Horn Chips said, “Inyan is speaking.”
Crazy Horse said, “I don’t know what the stones are saying.”
Horn Chips’ only other comment was, “Keep listening. Expect nothing. Listen.”
As Crazy Horse left, Chips remarked to his wife that he saw that his friend’s spirit was better, and he was glad.
Though Crazy Horse concentrated on waiting without expectation, one of his thoughts was that Hawk might return to him if he spent his time this way, his heart open, his being receptive. Sometimes he had a sense that Hawk was near, just out of reach, close but not yet back in his heart. He knew better than to lurch toward this presence he felt hovering. Hawk would come when she was ready.
His sense of the nearness of Hawk was not vague or ephemeral. It was definite, as Hawk’s perch in his heart had been unmistakable, and it clearly did not yet include Hawk. She was not within.
His heart began to recover now. He recognized again the feelings of his youth and young manhood, tentative yet returning—aspiration and hope, a sense of possibility, the prospect of welcome challenges.
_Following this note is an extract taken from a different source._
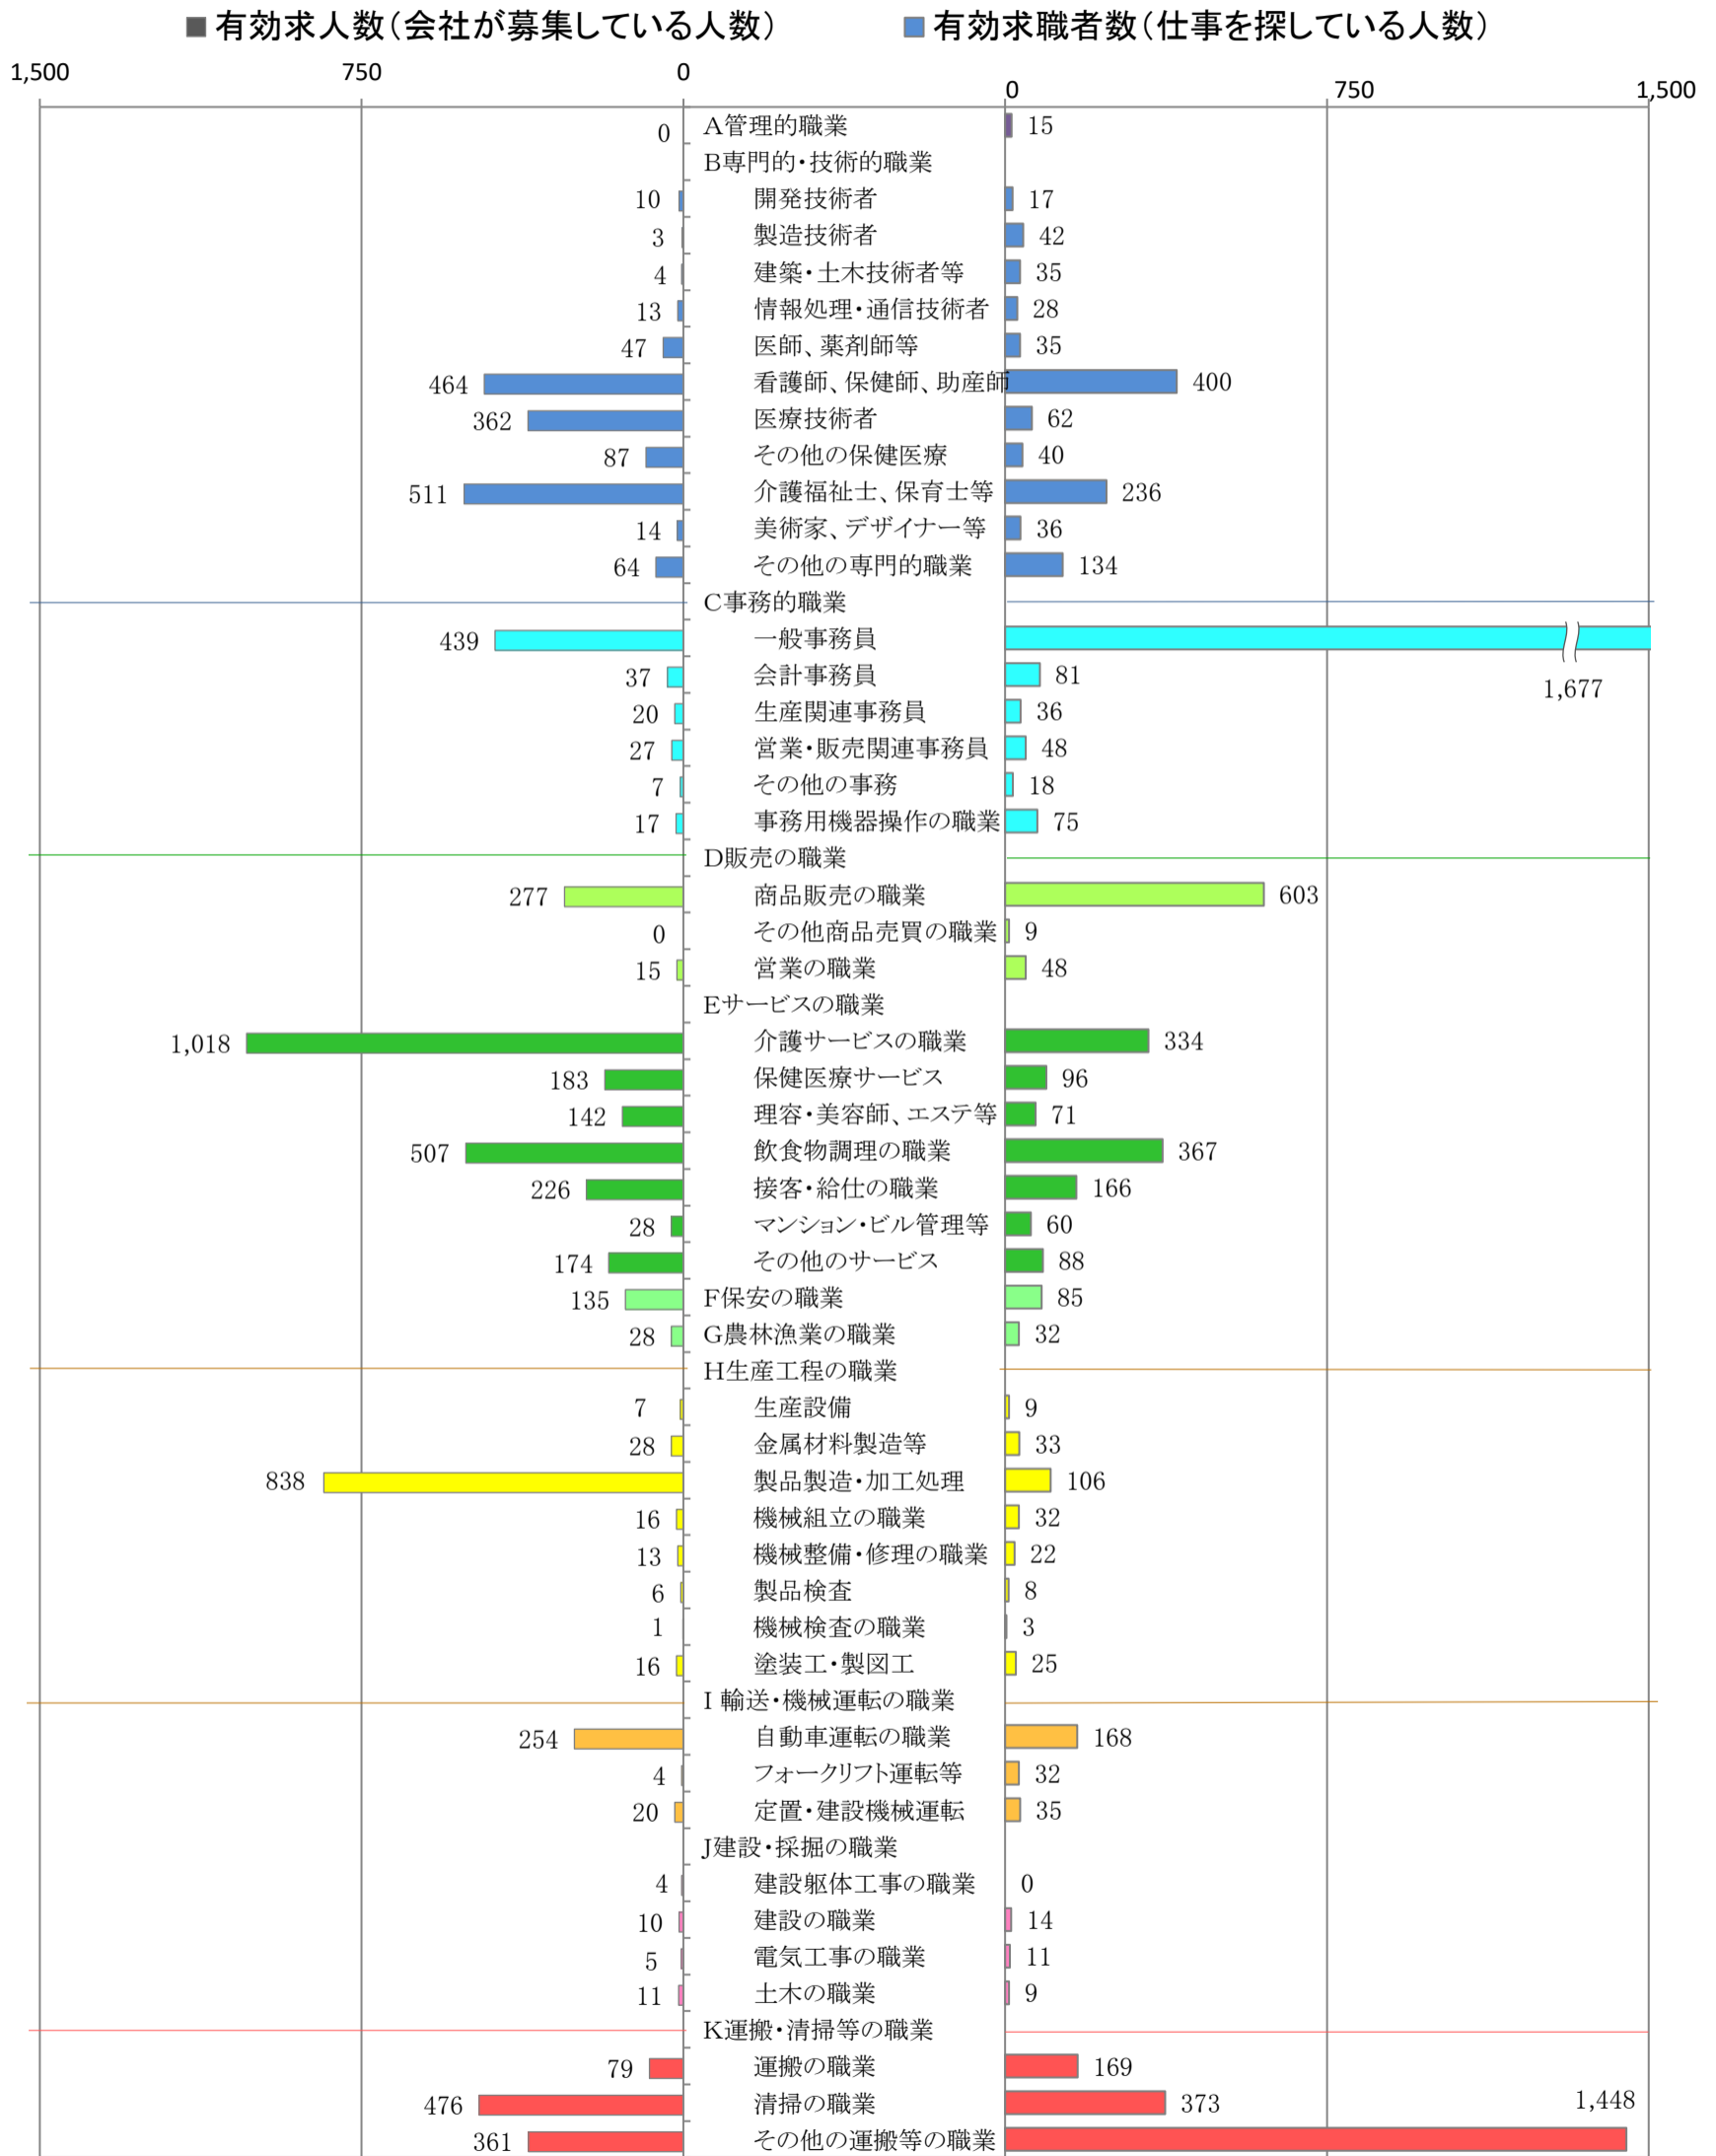

〈北九州地域：バランスシート〉
職業別：有効求人・求職状況(常用・パート)

令和3年6月

※1 ハローワーク小倉、八幡、行橋の合計数

※2 福岡労働局ホームページ(https://jsite.mhlw.go.jp/fukuoka-roudoukyoku/jirei_toukei/kyujin_kyushoku/toukei/_120538.html)でも公開しています。

Sometimes he thought the coming challenge was living wild again. Other times he thought it was his own death. Either way, desolation seemed to be loosening its grip on him.
As he sat breathing, he thought often of the
cante ista
. He knew that when he was listening to Inyan and the beat of the earth, he saw with the single eye that is the heart. He had no words for what he saw and heard. It was just a sense of the rightness of things. It was healing.
He would be willing to die if he could have Hawk back, and be healed.
Crazy Horse called his friends to him in twos and threes, men he had ridden the war trail and the hunting trail with, men who could keep a secret and who were of like minds, as unsuited for agency life as he was. Red Feather, the younger brother of Black Shawl. Black Elk. Ashes and Bull Head, his father’s brothers, his
ate
. His father and Touch-the-Sky, his uncle on his birth mother’s side, slipped down from Spotted Tail Agency one night, and he talked all the next day with them. Club Man, his sister’s husband. Little Killer, Little Shield, and Short Bull. Good Weasel, his lieutenant through the last years of war. He wanted six or eight companions, with their families.
He made them all the same proposition. He was weary of chieftainship, he said, and was setting it down as fast as the
wasicu
would let him. Little Hawk would be much better than Crazy Horse at facing the new challenges of agency life. For himself, he said, agency life was no life. His spirit was dead here, his medicine sapped. “Maybe agency life isn’t for you either,” said Crazy Horse to each one.
“I have given my word,” he declared, “and I will not lead the people off the agency and back to the free life. I have given my word. But a few of us can slip away, and live as we like. Maybe you would like to do that on your own. Or maybe you have relatives with Sitting Bull in the Land Their Grandmother Claims. Or maybe you would like to do it with me.